_ACTIVITY_
Where in the data below does the word "BIDET" appear? Copy every line that has it.

_EXCERPTED RECORDS_
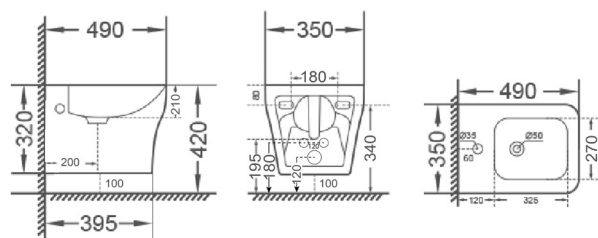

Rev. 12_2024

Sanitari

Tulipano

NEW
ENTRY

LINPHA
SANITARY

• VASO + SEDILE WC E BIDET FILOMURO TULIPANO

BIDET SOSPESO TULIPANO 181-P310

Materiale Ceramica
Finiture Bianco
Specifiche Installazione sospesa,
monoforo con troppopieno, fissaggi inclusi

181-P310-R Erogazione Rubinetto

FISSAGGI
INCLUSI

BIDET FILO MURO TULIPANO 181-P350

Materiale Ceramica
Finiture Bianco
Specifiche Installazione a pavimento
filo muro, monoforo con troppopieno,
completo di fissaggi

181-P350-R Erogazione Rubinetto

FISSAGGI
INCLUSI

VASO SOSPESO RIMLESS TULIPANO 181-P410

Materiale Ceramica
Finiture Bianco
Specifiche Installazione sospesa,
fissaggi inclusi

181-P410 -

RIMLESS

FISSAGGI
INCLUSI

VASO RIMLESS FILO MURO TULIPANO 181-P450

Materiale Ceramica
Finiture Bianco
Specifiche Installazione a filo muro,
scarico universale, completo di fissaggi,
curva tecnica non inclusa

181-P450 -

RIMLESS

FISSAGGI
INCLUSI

==

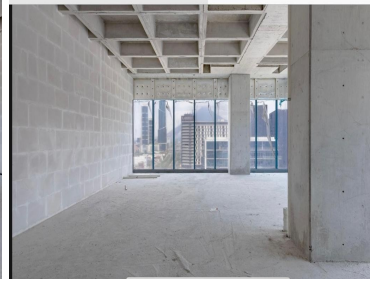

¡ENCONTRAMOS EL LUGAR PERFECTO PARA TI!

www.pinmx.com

_ANSWER TO THE PROBLEM_
• VASO + SEDILE WC E BIDET FILOMURO TULIPANO
BIDET SOSPESO TULIPANO 181-P310
BIDET FILO MURO TULIPANO 181-P350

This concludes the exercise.